A JETSTAR flight with 134 people on board had to turn back to Melbourne after the plane's tail hit the runway during the learner pilot's first takeoff.
The Hobart-bound A320 took off from Melbourne Airport on May 11 last year but was forced to return to the runway after the tail strike and when cabin crew heard unusual noises during the plane's climb, the Australian Transport Safety Bureau (ATSB) said in a report handed down today.
The bureau found good communication among the cabin crew and flight crew meant the flight could return quickly and without risk of damage.
But the flight crew did not tell air traffic control about the tail strike as it should have, the report said.

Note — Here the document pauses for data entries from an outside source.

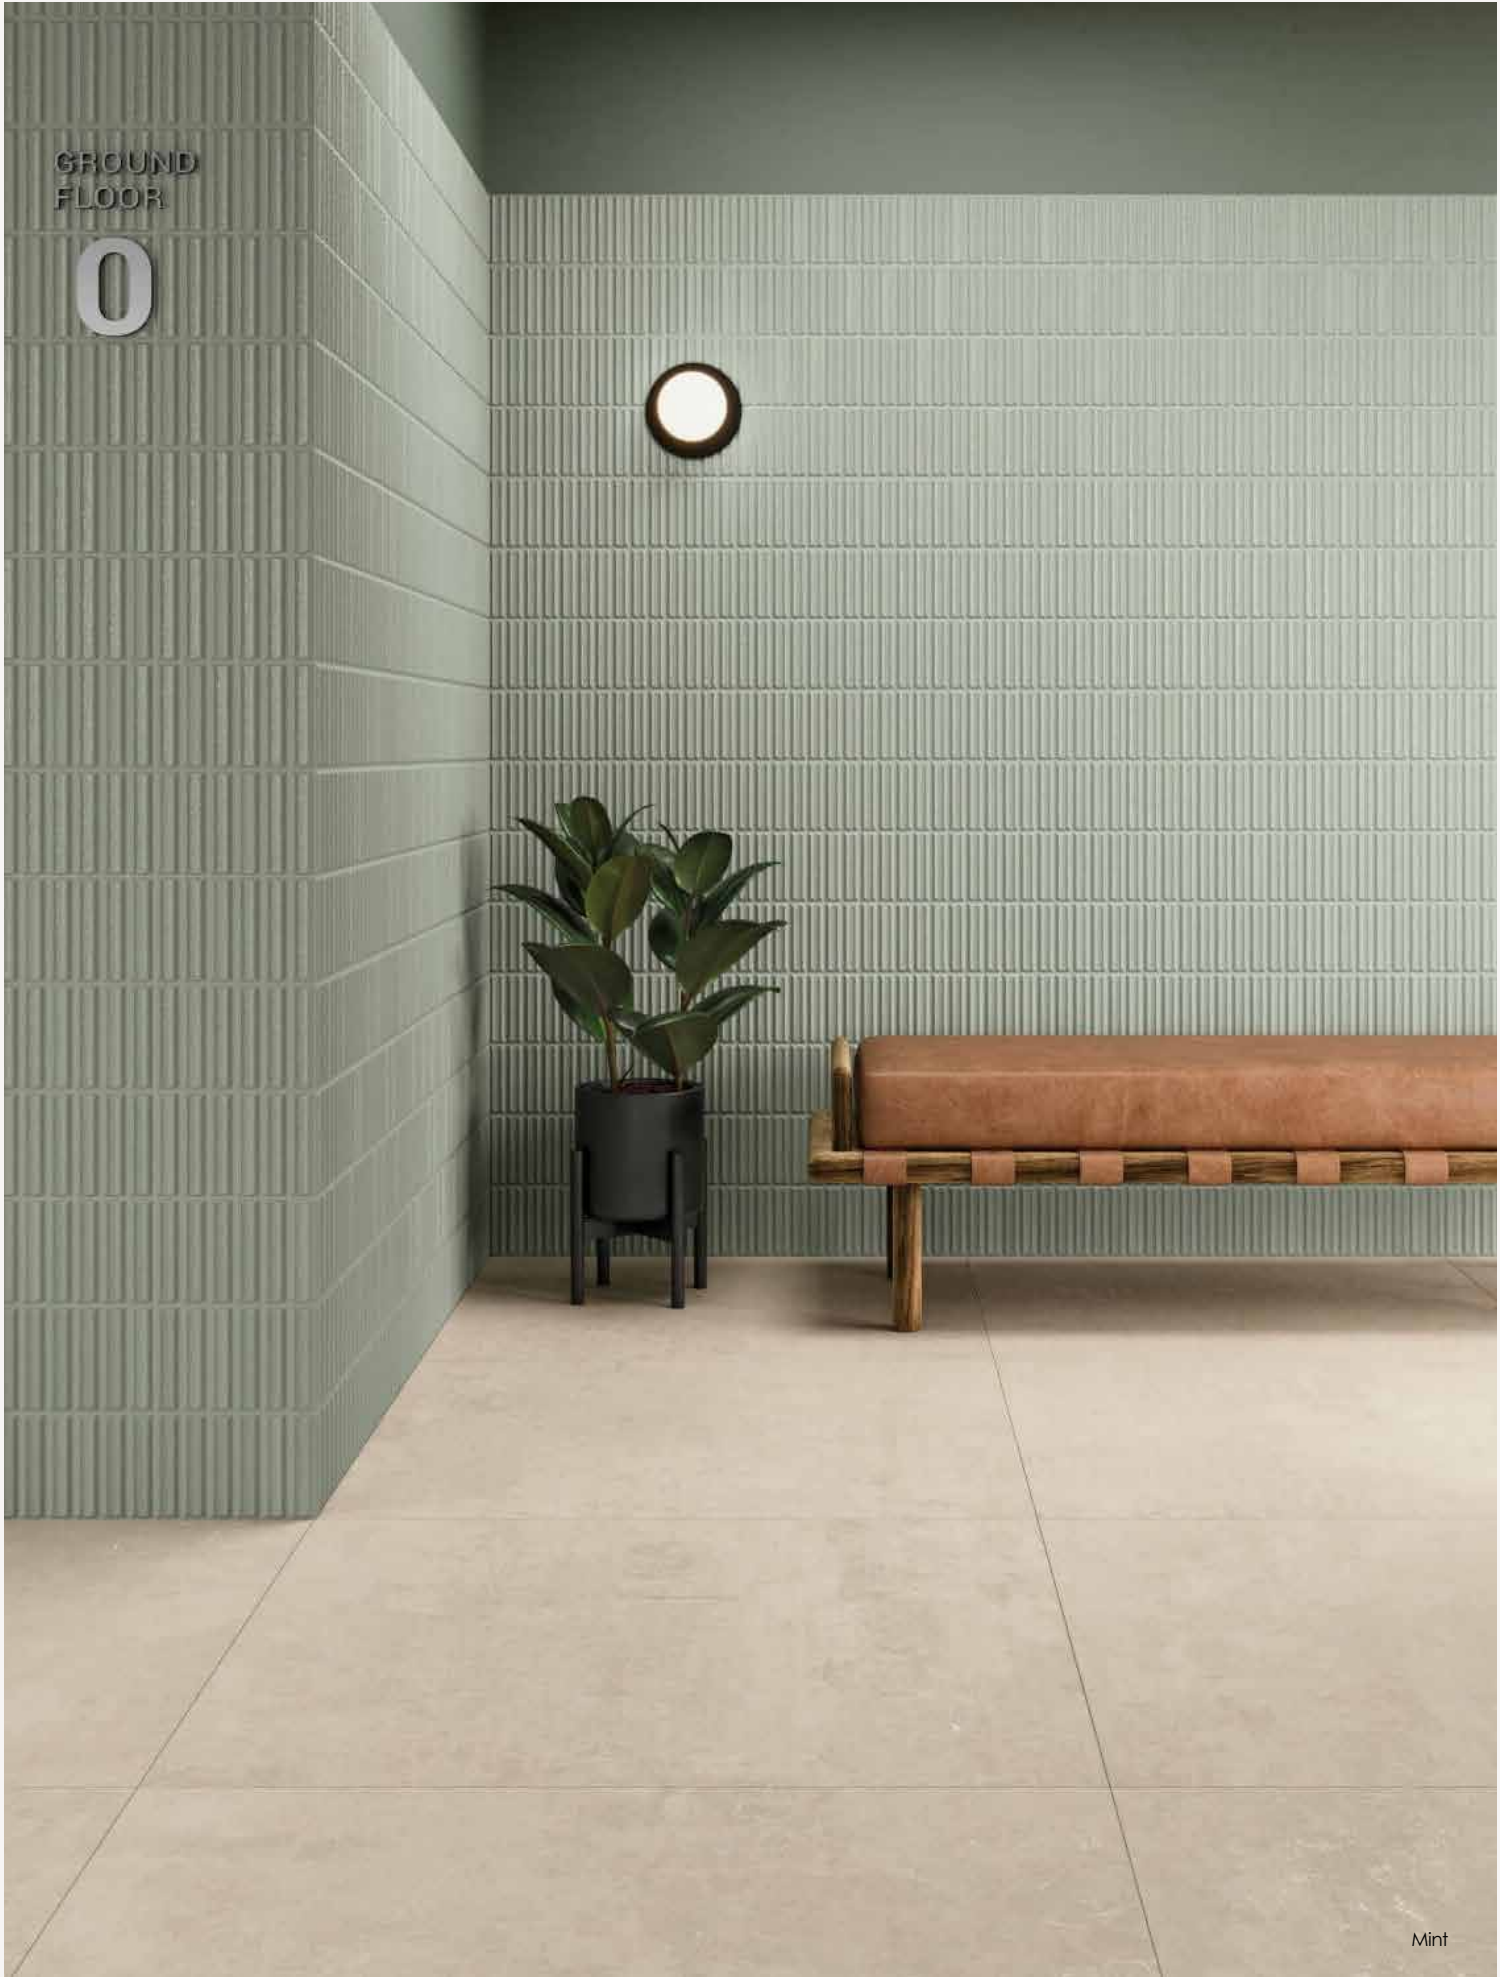

GROOVE wall tile collection conspicuous for its grooved, relief-textured design

- GR-345
  White
- GR-342
  Cream
- GR-341
  Mint
- GR-344
  Beige
- GR-343
  Pearl
- GR-340
  Grey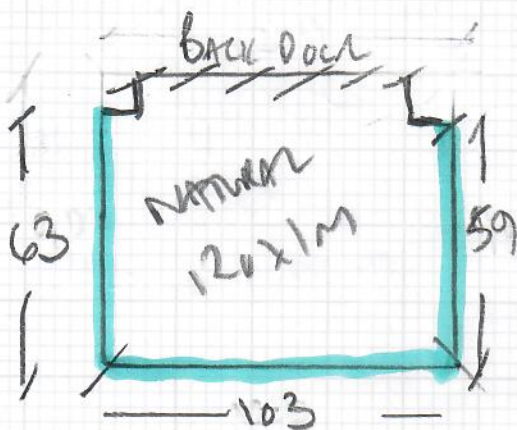

REPLACE EXISTING SATIN NICKEL 118M LENGTH
 TIVE LIPS
 SATIN BRASS 10 270M
 REPLACE 1.18M SIDE (A)
 1 x 69CM SIDE (B) AS
 WHERE COIN (SATIN NICKEL)
 ORIGINALLY FITTED +
 10 270M + 2 MITRES

BOOT ROOM NATURAL

TIVE LIPS 10 270M
 SATIN NICKEL.
 REPLACE EXISTING
 SATIN BRASS WITH
 SATIN NICKEL

1 @ 1.03M
 1 @ 63CM
 1 @ 59CM

1 LENGTH @ 270 + FR 3 SIDES
 + 2 MITRES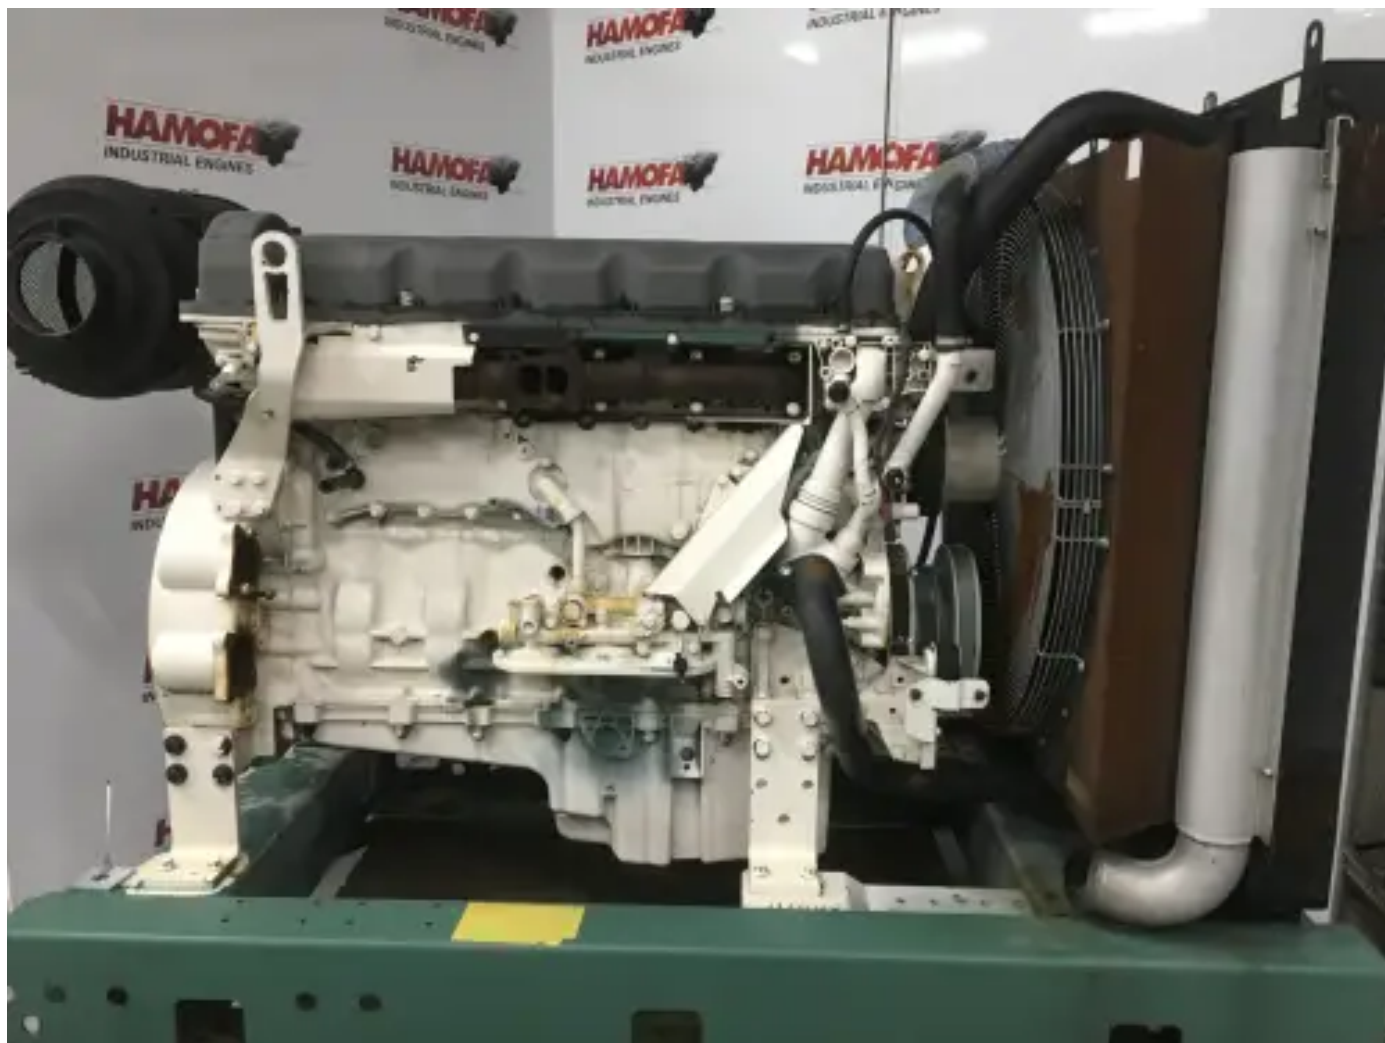

VOLVO TAD940GE USED

[Contact us](#)

Specifications

Project number: PRJB20231213807

Condition: Used

Brand: volvo

Motor serial number: 7009128743

Type: Diesel Engines

Kind of product: Original

Construction year	1010
ECU Present	ja
Engine cooling type	radiator cooled (std)
Exhaust System	dry
Injection Type	ecu (electronic control unit)
Flywheel housing SAE	sae 1
Total Height	160 cm
Length	220 cm
Width	110 cm
Turbo type	none mounted
Weight (Specific)	1155 kg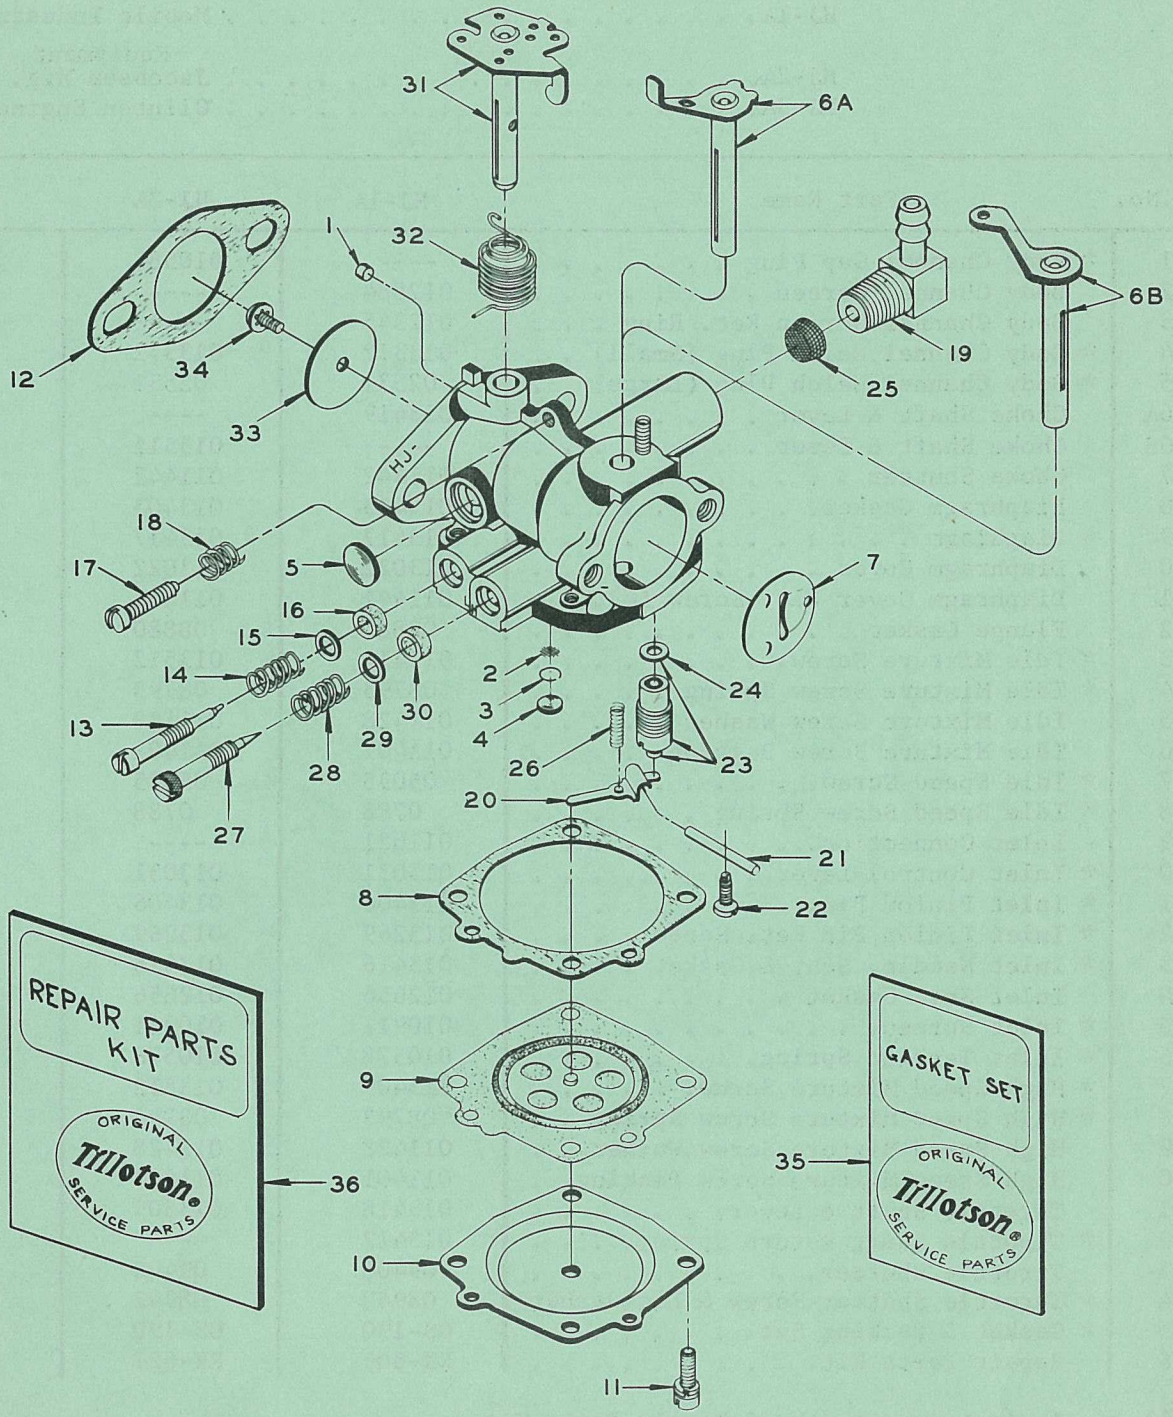

HJ Series PARTS LIST SECTION

Illustrations of Basic Parts standard throughout HJ Series Carburetor. For individual model listings see following pages.

Parts illustrated are typical in appearance, and may not look exactly like the part required.

Carburetor Model	Superseding Model	Equipment
HJ-1A		Mobile Industrial
		Equipment
HJ-2A		Jacobsen Mfg. Co.
HJ-3A		Clinton Engine Corp.

Ref.No.	Part Name	HJ-1A	HJ-2A	HJ-3A
1	* Body Channel Cup Plug	----	010588	010588
2	Body Channel Screen	012884	----	----
3	Body Channel Screen Ret. Ring	012345	----	----
4	* Body Channel Welch Plug (Small)	013372	013372	013372
5	* Body Channel Welch Plug (Large)	02531	02531	02531
6A	Choke Shaft & Lever	013419	----	013809
6B	Choke Shaft & Lever	----	013511	----
7	Choke Shutter	011442	011442	011442
8	Diaphragm Gasket	013403	013403	013403
9	* Diaphragm	013417	013417	013417
10	Diaphragm Cover	013022	013022	013022
11	Diaphragm Cover Ret. Screw (4)	011441	011441	011441
12	Flange Gasket	08880	08880	08880
13	* Idle Mixture Screw	013411	013512	013512
14	* Idle Mixture Screw Spring	08793	08793	08793
15	Idle Mixture Screw Washer	011428	011428	011428
16	Idle Mixture Screw Packing	011401	011401	011401
17	* Idle Speed Screw	05095	05095	05095
18	* Idle Speed Screw Spring	0788	0788	0788
19	Inlet Connection	011621	----	----
20	* Inlet Control Lever	013031	013031	013031
21	* Inlet Pinion Pin	013406	013406	013406
22	* Inlet Pinion Pin Ret. Screw	013269	013269	013269
23	* Inlet Needle, Seat & Gasket	013416	013416	013812
24	Inlet Seat Gasket	012656	012656	010165
25	* Inlet Screen	010911	010911	010911
26	* Inlet Tension Spring	010578	010578	013434
27	* High Speed Mixture Screw	013409	013512	013512
28	* High Speed Mixture Screw Spring	08793	08793	08793
29	High Speed Mixture Screw Washer	011428	011428	011428
30	High Speed Mixture Screw Packing	011401	011401	011401
31	Throttle Shaft & Lever	013418	013509	013807
32	* Throttle Shaft Return Spring	013412	----	013412
33	Throttle Shutter	09408	09408	09408
34	* Throttle Shutter Screw & Lockwasher	08942	08942	08942
35	* Gasket & Packing Set	GS-190	GS-190	GS-179
36	Repair Parts Kit	RK-609	RK-627	RK-647

(* Indicates contents of Repair Parts Kit

In its investigation into the incident, the ATSB found the 2.49pm flight took off from runway 27 with a cadet pilot, a training captain and safety pilot in the cockpit.
The cadet pilot had a commercial pilot license and had completed all Civil Aviation Safety Authority training to be qualified to fly an A320. It was their first takeoff as pilot flying.
While the plane was climbing, the cadet pilot and the captain discussed how the pitch rate was higher than normal. This high pitch rate resulted in a high rotation rate during takeoff, which caused the aircraft's tail to hit the runway, the ATSB said.
"Later, during the climb, the cabin crew alerted the captain to unusual noises during rotation," the report said.
"As a result, the captain elected to stop the climb and return to Melbourne. The first officer also swapped seats with the cadet pilot."
The plane landed without incident at 3.23pm and some damage consistent with a tail strike was found.
The cadet pilot undertook additional training and assessment before returning to flight duties.
ATSB said while the plane's crew handled the situation well, the potential tail strike "was not adequately communicated to Melbourne air traffic control".
"This delayed checking the runway for aircraft debris," the bureau said.
In a statement to news.com.au, a Jetstar spokesman said: "The experienced captain and trainer pilot handled this extremely well and with the help of cabin crew ensured the aircraft returned to Melbourne Airport without further incident.
"The pilot involved was taken off flying duties while he underwent additional simulator training and assessments and after successfully passing this training returned to flying and has operated since without further incident.
"There was no structural damage to the aircraft and it returned to service shortly after.
"We use incidents to further improve the safety of our operation and soon after the event, we reminded our pilots of the importance of alerting air traffic control of a potential tail strike."